WORK ITEM: Taking the line with "#### With Scoop" as the first and the line with "## Dimensions" as the last, set down exactly every line in that range from the entries below, and no more.

EXERCISE DATA:
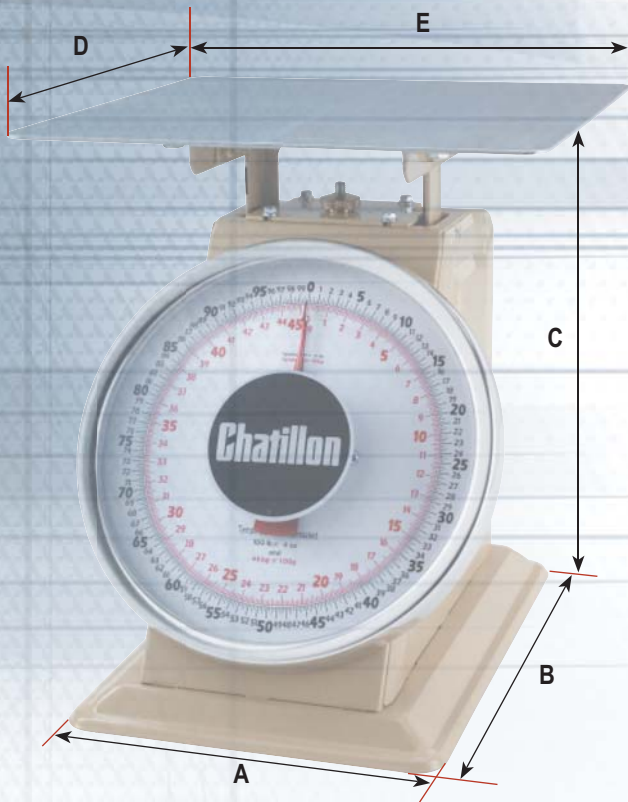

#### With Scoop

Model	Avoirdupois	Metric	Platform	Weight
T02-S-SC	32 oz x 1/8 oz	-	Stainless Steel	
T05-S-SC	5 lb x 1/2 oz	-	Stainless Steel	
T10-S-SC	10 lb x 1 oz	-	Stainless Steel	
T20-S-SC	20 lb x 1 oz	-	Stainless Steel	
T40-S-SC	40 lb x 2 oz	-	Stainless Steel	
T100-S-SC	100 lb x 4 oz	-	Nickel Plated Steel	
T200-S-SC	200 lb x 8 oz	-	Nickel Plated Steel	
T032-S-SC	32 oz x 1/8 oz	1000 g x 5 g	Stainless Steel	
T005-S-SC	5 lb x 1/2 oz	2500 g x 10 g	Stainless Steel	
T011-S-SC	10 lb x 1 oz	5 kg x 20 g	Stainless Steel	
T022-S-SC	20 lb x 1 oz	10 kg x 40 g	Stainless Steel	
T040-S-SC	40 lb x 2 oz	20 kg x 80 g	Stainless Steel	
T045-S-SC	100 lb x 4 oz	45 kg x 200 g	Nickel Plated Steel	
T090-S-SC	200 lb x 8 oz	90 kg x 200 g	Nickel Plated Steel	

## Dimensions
* * *
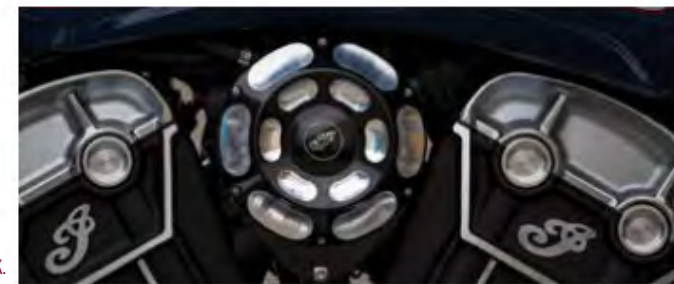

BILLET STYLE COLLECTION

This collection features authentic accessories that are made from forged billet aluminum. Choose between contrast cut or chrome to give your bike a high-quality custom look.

OUTPUT OF THE EXERCISE:
#### With Scoop

Model	Avoirdupois	Metric	Platform	Weight
T02-S-SC	32 oz x 1/8 oz	-	Stainless Steel	
T05-S-SC	5 lb x 1/2 oz	-	Stainless Steel	
T10-S-SC	10 lb x 1 oz	-	Stainless Steel	
T20-S-SC	20 lb x 1 oz	-	Stainless Steel	
T40-S-SC	40 lb x 2 oz	-	Stainless Steel	
T100-S-SC	100 lb x 4 oz	-	Nickel Plated Steel	
T200-S-SC	200 lb x 8 oz	-	Nickel Plated Steel	
T032-S-SC	32 oz x 1/8 oz	1000 g x 5 g	Stainless Steel	
T005-S-SC	5 lb x 1/2 oz	2500 g x 10 g	Stainless Steel	
T011-S-SC	10 lb x 1 oz	5 kg x 20 g	Stainless Steel	
T022-S-SC	20 lb x 1 oz	10 kg x 40 g	Stainless Steel	
T040-S-SC	40 lb x 2 oz	20 kg x 80 g	Stainless Steel	
T045-S-SC	100 lb x 4 oz	45 kg x 200 g	Nickel Plated Steel	
T090-S-SC	200 lb x 8 oz	90 kg x 200 g	Nickel Plated Steel	

## Dimensions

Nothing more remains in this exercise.